What is needed ▸ Drop every picture, then repeat the records exactly.

.....

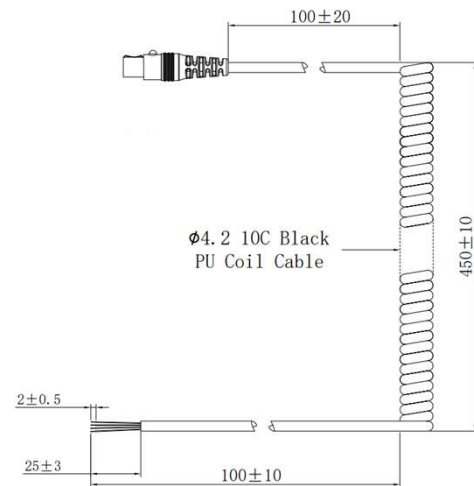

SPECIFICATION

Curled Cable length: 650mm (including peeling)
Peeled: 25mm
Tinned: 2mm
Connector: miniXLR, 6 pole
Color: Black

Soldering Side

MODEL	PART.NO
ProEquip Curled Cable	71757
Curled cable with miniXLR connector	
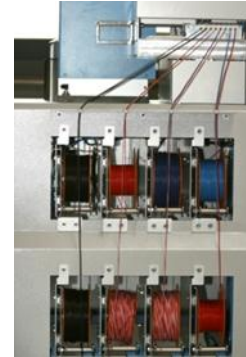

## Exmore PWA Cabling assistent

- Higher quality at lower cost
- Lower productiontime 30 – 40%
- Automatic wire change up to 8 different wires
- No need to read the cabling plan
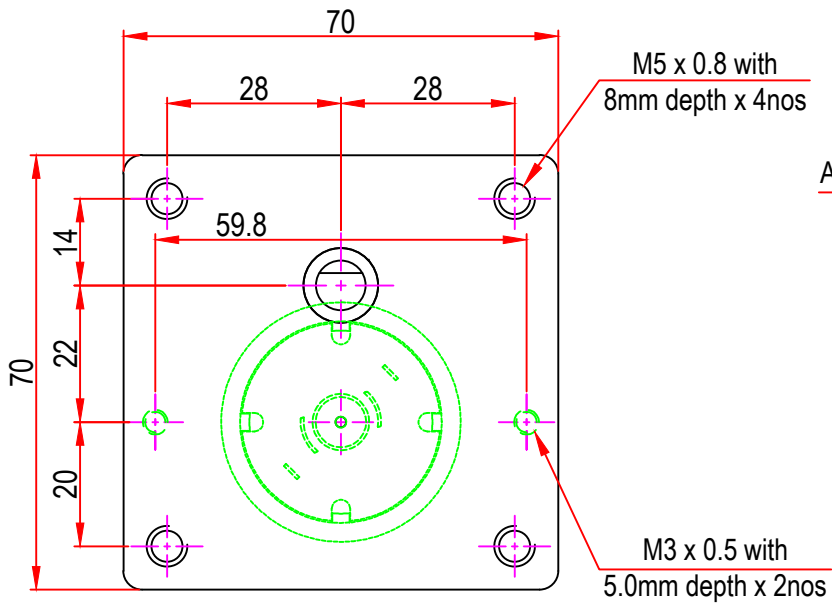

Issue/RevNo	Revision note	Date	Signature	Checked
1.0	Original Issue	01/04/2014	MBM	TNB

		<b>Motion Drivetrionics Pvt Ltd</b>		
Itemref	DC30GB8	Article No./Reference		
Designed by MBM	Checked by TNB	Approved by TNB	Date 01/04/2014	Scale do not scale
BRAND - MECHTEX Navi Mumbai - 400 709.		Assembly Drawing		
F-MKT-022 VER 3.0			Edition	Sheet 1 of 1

.....

Written solution ▸
SPECIFICATION

Curled Cable length: 650mm (including peeling)
Peeled: 25mm
Tinned: 2mm
Connector: miniXLR, 6 pole
Color: Black

Soldering Side

MODEL	PART.NO
ProEquip Curled Cable	71757
Curled cable with miniXLR connector	

## Exmore PWA Cabling assistent

- Higher quality at lower cost
- Lower productiontime 30 – 40%
- Automatic wire change up to 8 different wires
- No need to read the cabling plan

Issue/RevNo	Revision note	Date	Signature	Checked
1.0	Original Issue	01/04/2014	MBM	TNB

		<b>Motion Drivetrionics Pvt Ltd</b>		
Itemref	DC30GB8	Article No./Reference		
Designed by MBM	Checked by TNB	Approved by TNB	Date 01/04/2014	Scale do not scale
BRAND - MECHTEX Navi Mumbai - 400 709.		Assembly Drawing		
F-MKT-022 VER 3.0			Edition	Sheet 1 of 1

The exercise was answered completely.